### Task data ###
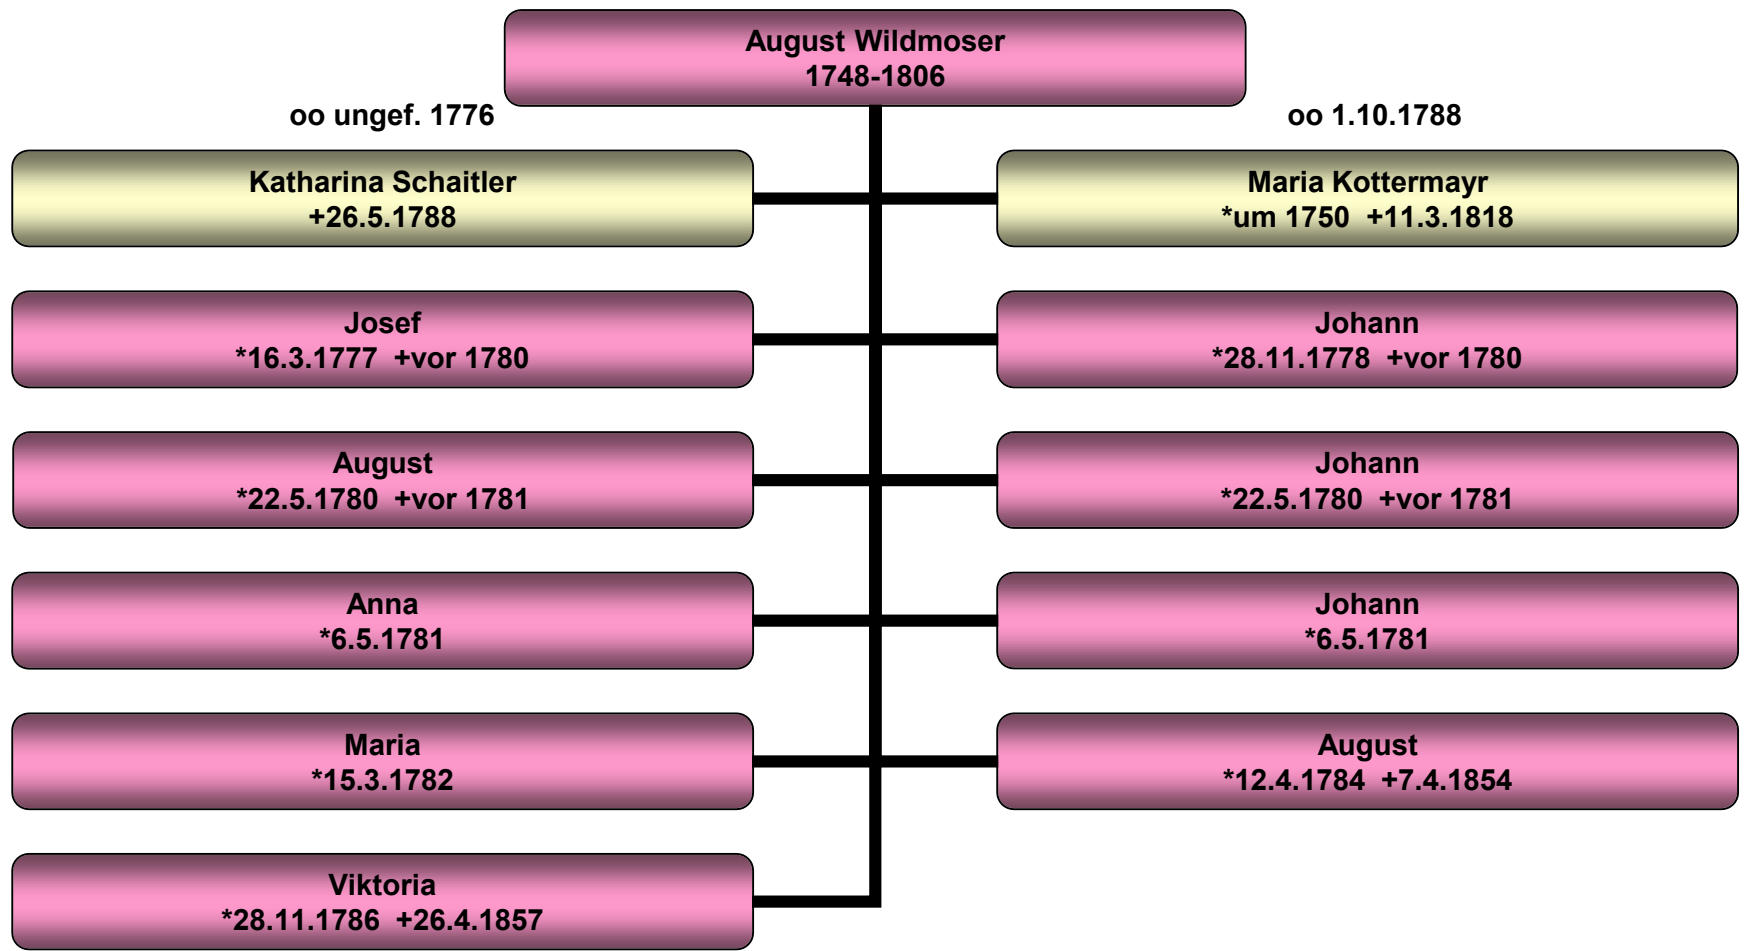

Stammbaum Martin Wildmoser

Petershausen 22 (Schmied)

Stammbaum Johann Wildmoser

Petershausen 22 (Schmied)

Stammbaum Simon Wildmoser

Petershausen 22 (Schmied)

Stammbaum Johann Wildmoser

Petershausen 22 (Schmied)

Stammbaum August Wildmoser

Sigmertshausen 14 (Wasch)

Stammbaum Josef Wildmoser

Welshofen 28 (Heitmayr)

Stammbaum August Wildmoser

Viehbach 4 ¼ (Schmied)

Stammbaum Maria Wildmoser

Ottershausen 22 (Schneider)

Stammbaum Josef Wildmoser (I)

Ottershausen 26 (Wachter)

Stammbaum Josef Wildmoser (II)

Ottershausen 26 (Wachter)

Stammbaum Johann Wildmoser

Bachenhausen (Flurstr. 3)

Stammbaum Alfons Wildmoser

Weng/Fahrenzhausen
###
__Your task__:
For this exercise, reproduce exactly each line from the one containing "Stammbaum Simon Wildmoser" through the last line of the data, and no others.

__Expected output__:
Stammbaum Simon Wildmoser

Petershausen 22 (Schmied)

Stammbaum Johann Wildmoser

Petershausen 22 (Schmied)

Stammbaum August Wildmoser

Sigmertshausen 14 (Wasch)

Stammbaum Josef Wildmoser

Welshofen 28 (Heitmayr)

Stammbaum August Wildmoser

Viehbach 4 ¼ (Schmied)

Stammbaum Maria Wildmoser

Ottershausen 22 (Schneider)

Stammbaum Josef Wildmoser (I)

Ottershausen 26 (Wachter)

Stammbaum Josef Wildmoser (II)

Ottershausen 26 (Wachter)

Stammbaum Johann Wildmoser

Bachenhausen (Flurstr. 3)

Stammbaum Alfons Wildmoser

Weng/Fahrenzhausen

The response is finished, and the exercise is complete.